_Task goal_
Apart from the pictures, please restate every entry below exactly.

Stored entries:

##########

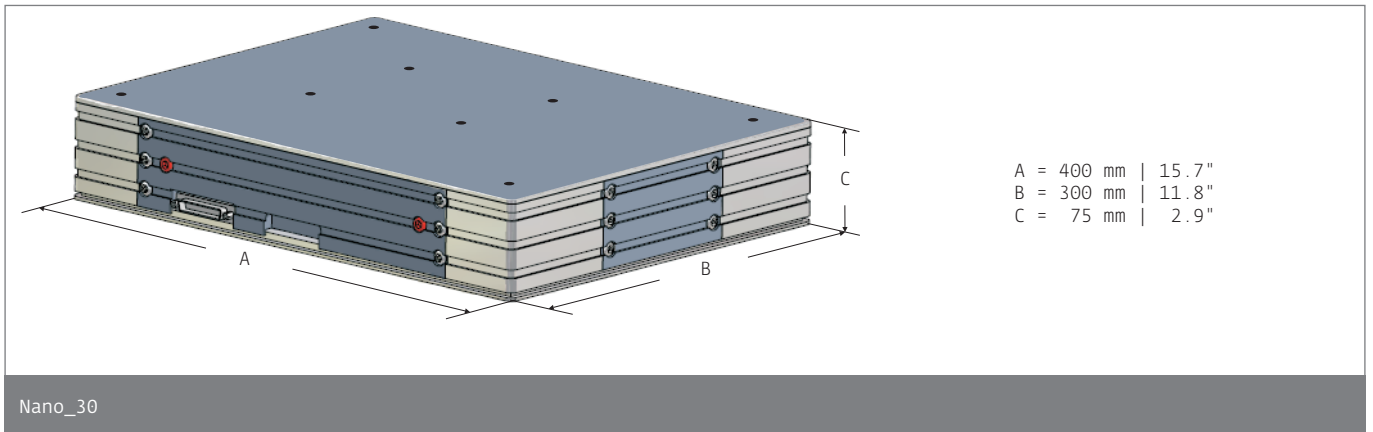

Technical Dimensions:

Nano_20

Nano_30

Nano_Control

Acoustic_Enclosure_200

##########

_Result of the exercise_
Technical Dimensions:

Nano_20

Nano_30

Nano_Control

Acoustic_Enclosure_200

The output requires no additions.